WORK REQUIRED: Wherever the line with "Casos confirmados por sexo" sits in the listing below, transcribe from it up to and including the line with "Casos confirmados por grupo etario", exactly, and leave the remaining lines out.

⟨

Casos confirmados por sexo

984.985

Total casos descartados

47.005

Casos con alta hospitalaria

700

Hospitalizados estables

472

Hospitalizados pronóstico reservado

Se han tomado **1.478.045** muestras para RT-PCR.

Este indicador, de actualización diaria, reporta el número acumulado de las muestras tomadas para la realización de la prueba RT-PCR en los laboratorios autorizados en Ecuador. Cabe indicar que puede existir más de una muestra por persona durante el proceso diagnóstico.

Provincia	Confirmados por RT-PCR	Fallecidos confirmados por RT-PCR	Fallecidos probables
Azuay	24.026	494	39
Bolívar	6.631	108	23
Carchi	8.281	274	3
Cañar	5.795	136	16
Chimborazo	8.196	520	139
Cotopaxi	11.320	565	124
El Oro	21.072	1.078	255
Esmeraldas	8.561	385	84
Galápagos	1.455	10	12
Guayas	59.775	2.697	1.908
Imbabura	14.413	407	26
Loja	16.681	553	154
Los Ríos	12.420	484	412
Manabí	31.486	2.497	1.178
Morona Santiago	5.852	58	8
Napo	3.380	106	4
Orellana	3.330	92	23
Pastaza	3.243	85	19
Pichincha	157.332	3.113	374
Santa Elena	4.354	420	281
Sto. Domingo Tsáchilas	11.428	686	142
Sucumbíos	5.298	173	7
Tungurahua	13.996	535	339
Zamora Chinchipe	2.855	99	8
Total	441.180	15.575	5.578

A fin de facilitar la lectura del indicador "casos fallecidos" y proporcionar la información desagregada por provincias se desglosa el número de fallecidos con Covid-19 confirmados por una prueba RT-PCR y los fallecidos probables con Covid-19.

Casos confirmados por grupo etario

⟩
⟨

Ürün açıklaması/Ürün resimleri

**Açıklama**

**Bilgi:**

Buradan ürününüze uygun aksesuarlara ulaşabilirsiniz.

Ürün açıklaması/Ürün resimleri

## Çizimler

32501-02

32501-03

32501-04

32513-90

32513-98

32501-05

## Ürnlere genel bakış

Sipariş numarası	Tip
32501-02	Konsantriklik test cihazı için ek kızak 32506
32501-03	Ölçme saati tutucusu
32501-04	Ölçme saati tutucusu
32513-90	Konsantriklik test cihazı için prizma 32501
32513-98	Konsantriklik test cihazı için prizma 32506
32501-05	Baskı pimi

⟩
⟨

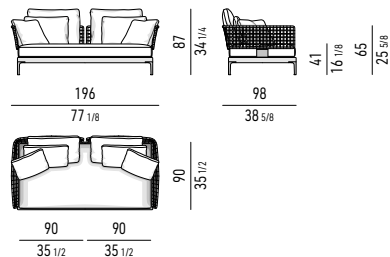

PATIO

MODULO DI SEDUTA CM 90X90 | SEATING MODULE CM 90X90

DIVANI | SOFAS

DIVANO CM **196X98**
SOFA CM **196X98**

⟩

SOLVED PROBLEM:
Casos confirmados por sexo

984.985

Total casos descartados

47.005

Casos con alta hospitalaria

700

Hospitalizados estables

472

Hospitalizados pronóstico reservado

Se han tomado **1.478.045** muestras para RT-PCR.

Este indicador, de actualización diaria, reporta el número acumulado de las muestras tomadas para la realización de la prueba RT-PCR en los laboratorios autorizados en Ecuador. Cabe indicar que puede existir más de una muestra por persona durante el proceso diagnóstico.

Provincia	Confirmados por RT-PCR	Fallecidos confirmados por RT-PCR	Fallecidos probables
Azuay	24.026	494	39
Bolívar	6.631	108	23
Carchi	8.281	274	3
Cañar	5.795	136	16
Chimborazo	8.196	520	139
Cotopaxi	11.320	565	124
El Oro	21.072	1.078	255
Esmeraldas	8.561	385	84
Galápagos	1.455	10	12
Guayas	59.775	2.697	1.908
Imbabura	14.413	407	26
Loja	16.681	553	154
Los Ríos	12.420	484	412
Manabí	31.486	2.497	1.178
Morona Santiago	5.852	58	8
Napo	3.380	106	4
Orellana	3.330	92	23
Pastaza	3.243	85	19
Pichincha	157.332	3.113	374
Santa Elena	4.354	420	281
Sto. Domingo Tsáchilas	11.428	686	142
Sucumbíos	5.298	173	7
Tungurahua	13.996	535	339
Zamora Chinchipe	2.855	99	8
Total	441.180	15.575	5.578

A fin de facilitar la lectura del indicador "casos fallecidos" y proporcionar la información desagregada por provincias se desglosa el número de fallecidos con Covid-19 confirmados por una prueba RT-PCR y los fallecidos probables con Covid-19.

Casos confirmados por grupo etario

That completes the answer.